There’s two immediate use-cases that come to mind when you think about Big Data SQL in the context of BI and data warehousing; you can use Big Data SQL to include Hive tables in regular Oracle set-based ETL transformations, giving you the ability to reference Hive data during part of your data load; and you can also use Big Data SQL as a way to access Hive tables from OBIEE, rather than having to go through Hive or Impala ODBC drivers. Let’s start off in this post by looking at the ETL scenario using ODI12c as the data integration environment, and I’ll come back to the BI example later in the week.
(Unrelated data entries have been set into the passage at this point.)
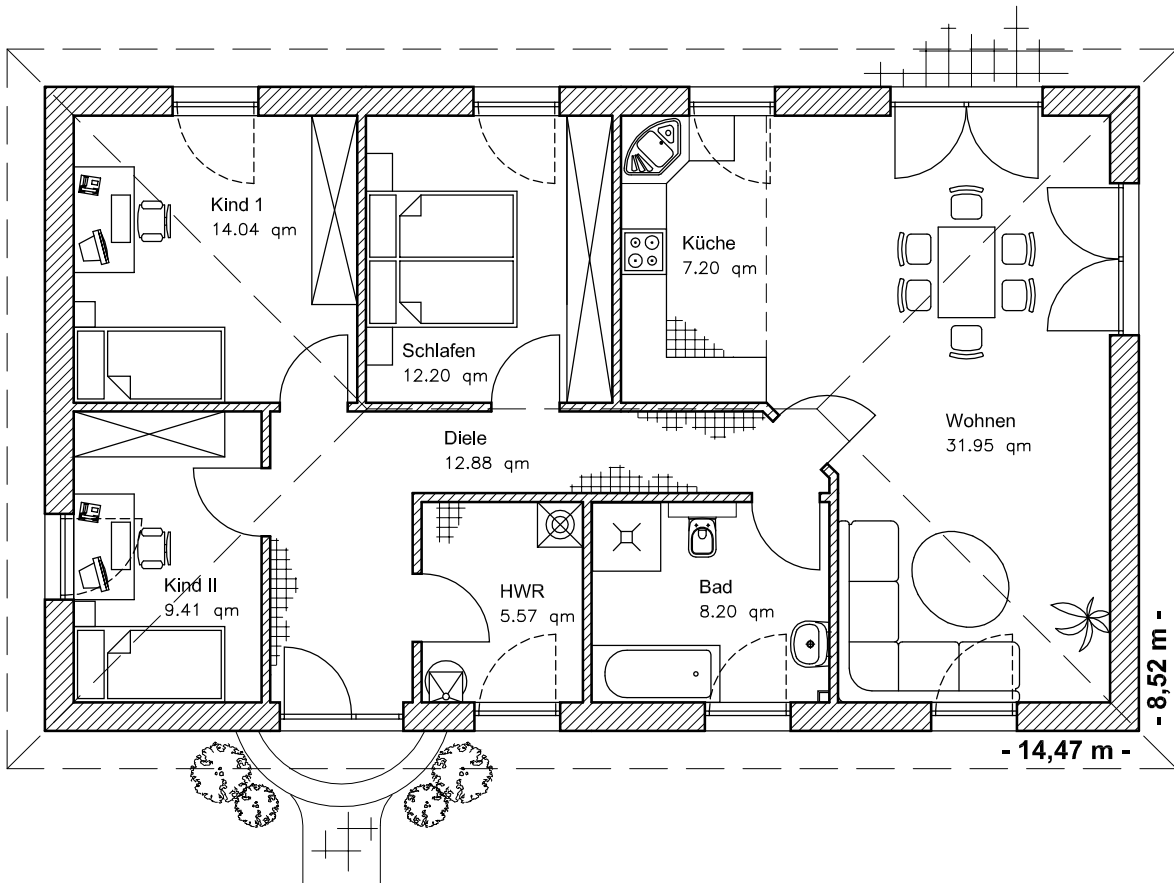

EG 101,46 m²

3.2.8

Bungalow 100-1

TEAM
MASSIVHAUS

Team Massivhaus GmbH

Hollerstraße 128 · Tel.: 04331/33110-0

24782 Büdelsdorf · Fax: 04331/33110-9

www.team-massivhaus.de
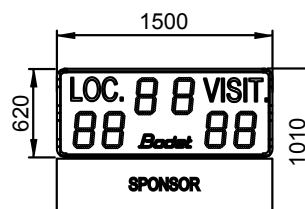

BT2025 Club + panel publicitario
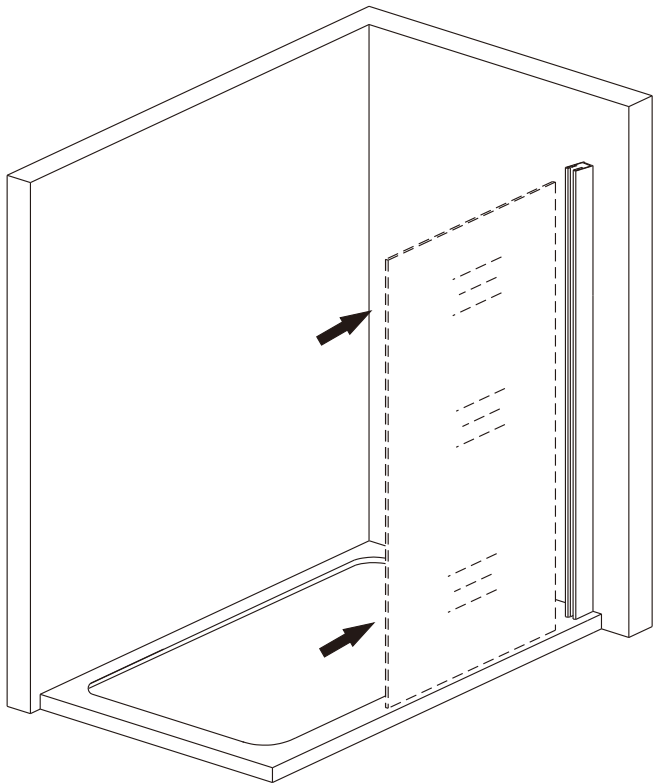

montážní návod - vzpěra

NÁŘADÍ POTŘEBNÉ K MONTÁŽI

metr

gumové kladívko

plochý a křížový
šroubovák

silikonová pistole

vodováha

vrtačka

tužka

vrtačky

SEZNAM KOMPONENTŮ

Před montáží zkontrolujte všechny díly a součásti

1

2

3

4

5

pro skleněné tabule o síle 6-8 mm

6

7

pro skleněné tabule o síle 10 mm

8

9

ÚDRŽBA:

You may recall in a couple of earlier posts earlier in the year on ETL and data integration on Hadoop, I looked at a scenario where I wanted to geo-code web server log transactions using an IP address range lookup file from a company called MaxMind. To determine the country for a given IP address you need to locate the IP address of interest within ranges listed in the lookup file, something that’s easy to do with a full SQL dialect such as that provided by Oracle:

NewImage

In my case, I’d want to join my Hive table of server log entries with a Hive table containing the IP address ranges, using the BETWEEN operator - except that Hive doesn’t support any type of join other than an equi-join. You can use Impala and a BETWEEN clause there, but in my testing anything other than a relatively small log file Hive table took massive amounts of memory to do the join as Impala works in-memory which effectively ruled-out doing the geo-lookup set-based. I then went on to do the lookup using Pig and a Python API into the geocoding database but then you’ve got to learn Pig, and I finally came up with my best solution using Hive streaming and a Python script that called that same API, but each of these are fairly involved and require a bit of skill and experience from the developer.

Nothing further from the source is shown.